Everyone agrees that for a very long time Nancy Wake was ignored/neglected in a way no male war hero ever suffered.

Nancy Wake on Wikipedia: https://en.wikipedia.org/wiki/Nancy_Wake

Nancy Wake – the girls who spied: https://www.abc.net.au/radio/programs/fierce-girls/nancy-wake-the-girl-who-spied/9485892

Nancy Wake OA – Education Services Australia: https://www.civicsandcitizenship.edu.au/cce/nancy_wake,17565.html

Nancy Wake, A larrikin and a hero: http://www.convictcreations.com/history/nancywake.htm

National Portrait Gallery – Capturing TheMouse
Nancy Wake – The White Mouse, 2001 by Melissa Beowulf: https://www.portrait.gov.au/magazines/13/capturing-the-mouse

My Mother was a huge fan of telling the stories of women’s contribution because she felt ‘herstory’ important. It was Mum who bought me a book on Joan of Arc, The Maid of France, the French author Collette and Nancy’s book which was first released in the 1980s. Mum encouraged me to read widely and seek the untold or rarely told stories.

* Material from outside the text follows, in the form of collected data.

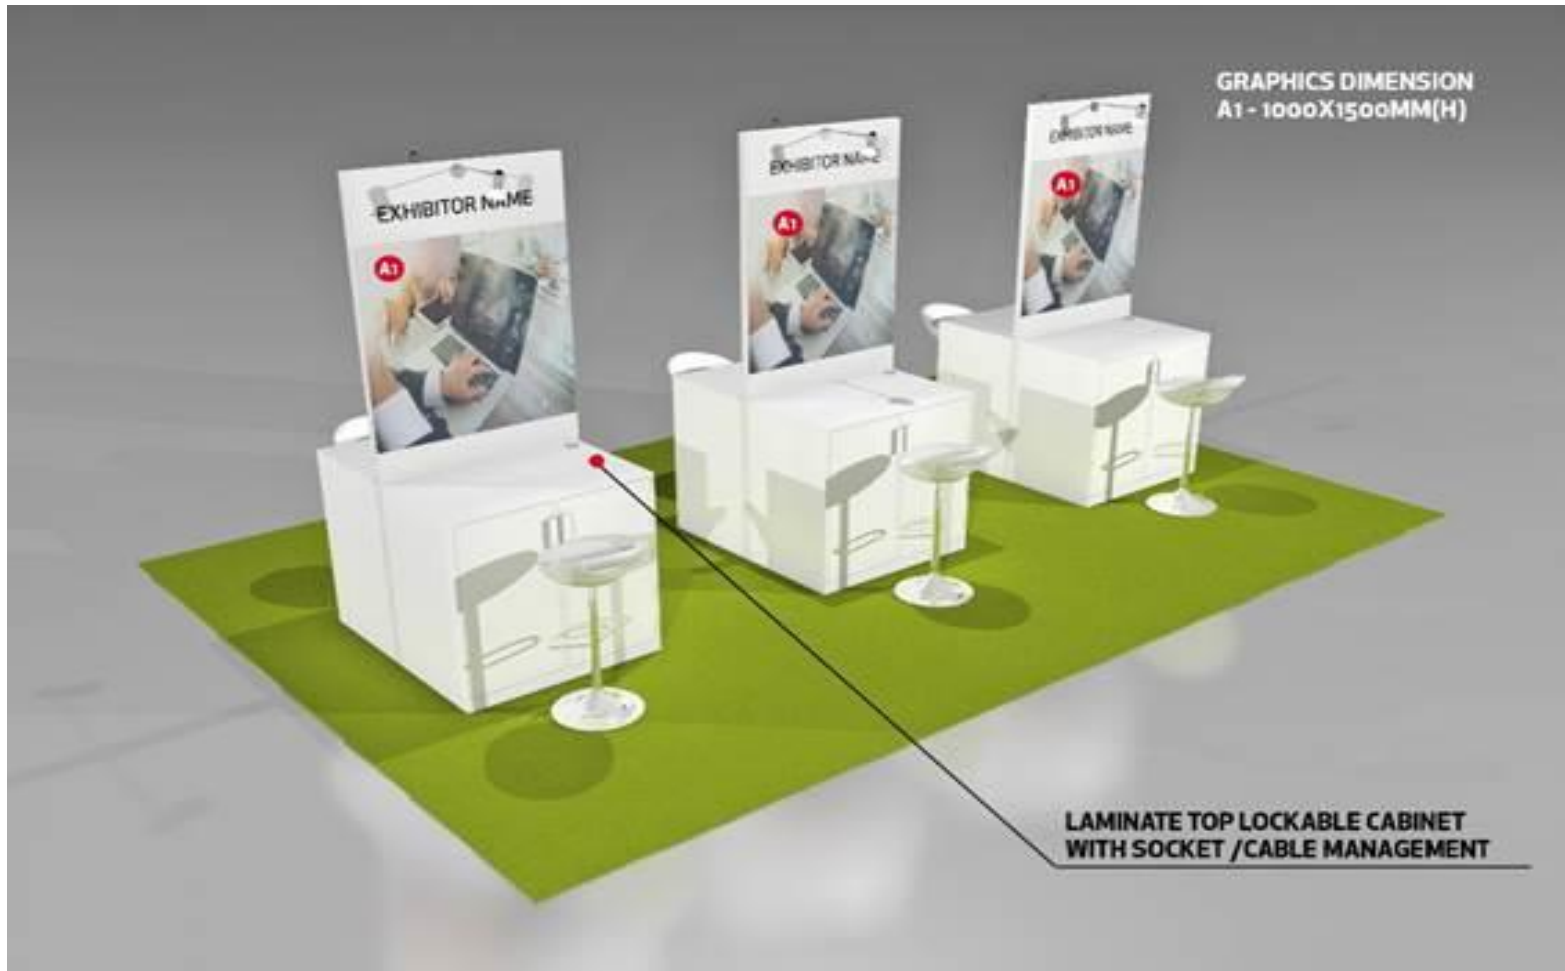

The logo for 'bett' is located in the top left corner. It consists of the word 'bett' in a white, lowercase, sans-serif font, enclosed within a dark purple oval. The background of the slide features a grid of small white dots in the top left corner and a large, abstract geometric shape in shades of purple and blue that overlaps the text and the person's image.

bett

Bett Asia Summit 2018 – BESA members pavilion proposal

14-15 November
Kuala Lumpur
Malaysia

BESA member pavilion – pod offer

Package includes:

ONSITE

- Pod – 1m wide x 0.5m deep
- 1 x socket
- 2 x stools
- 1 x logo

MARKETING

- Logo and 50 word profile on website
- Logo and 50 word profile in event guide

COST to BESA members - £2500 + VAT (only 15 available)

POD – example graphic

The logo for 'bett' is located in the top left corner. It consists of the word 'bett' in a white, lowercase, sans-serif font, centered within a dark purple oval. The oval is set against a light blue background with a white dotted grid pattern.
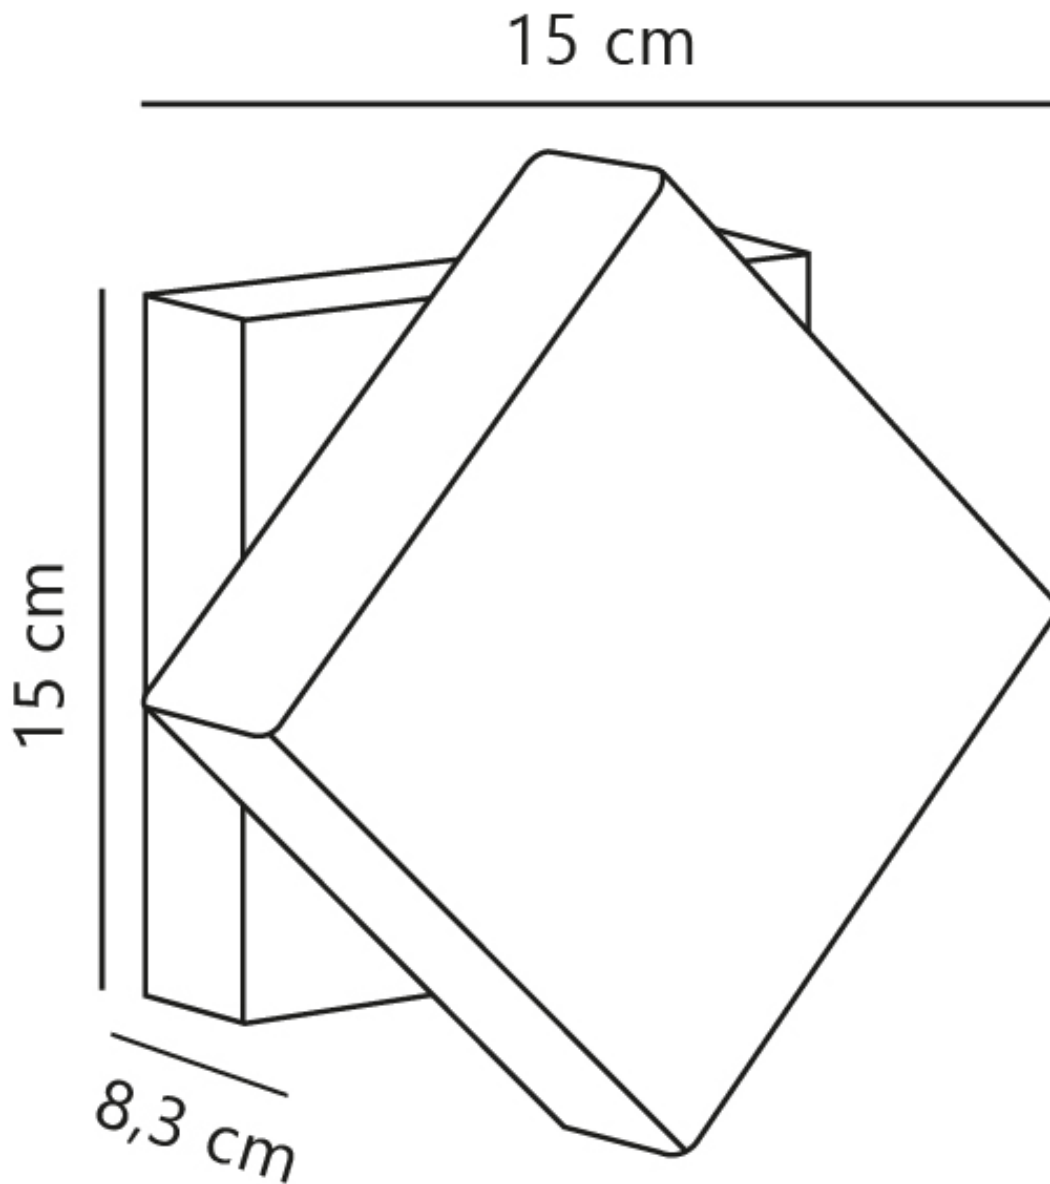

Nordlux - Turn - 2019061003 - LED Black IP54 Outdoor Wall Washer Light

I read the autobiography and later when studying at university, bought a biography written in 1956 about Nancy by Russell Braddon who had been a POW of the Japanese. A prolific author, he suffered a mental breakdown several years after the war, which doctors attributed to his war experiences.

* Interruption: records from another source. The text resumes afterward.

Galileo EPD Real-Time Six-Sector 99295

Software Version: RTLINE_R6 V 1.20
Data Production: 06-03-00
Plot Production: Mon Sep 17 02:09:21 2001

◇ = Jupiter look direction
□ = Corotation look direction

The effect of trauma and the horrendous violence people witness and become part of during a war and how it may change your attitude and personality, and most certainly your outlook on life is explored in Underground. 

The stresses and effect of the journey of other characters and their relationships with Nancy included.

However, it is the price Nancy paid for her courage and persistence and the price she saved others from paying that you think about long after the play is over.

There was a TV series starring the brilliant Noni Hazelhurst as Nancy a few years ago too and a couple of documentaries worth following up.

Why Do We Do What We Do?

That question of WHY concerning human behaviour is difficult to answer and because all of us are complex with varying degrees of experiences, different backgrounds and perspectives with various wants and needs, it is an eternal conundrum to be explored.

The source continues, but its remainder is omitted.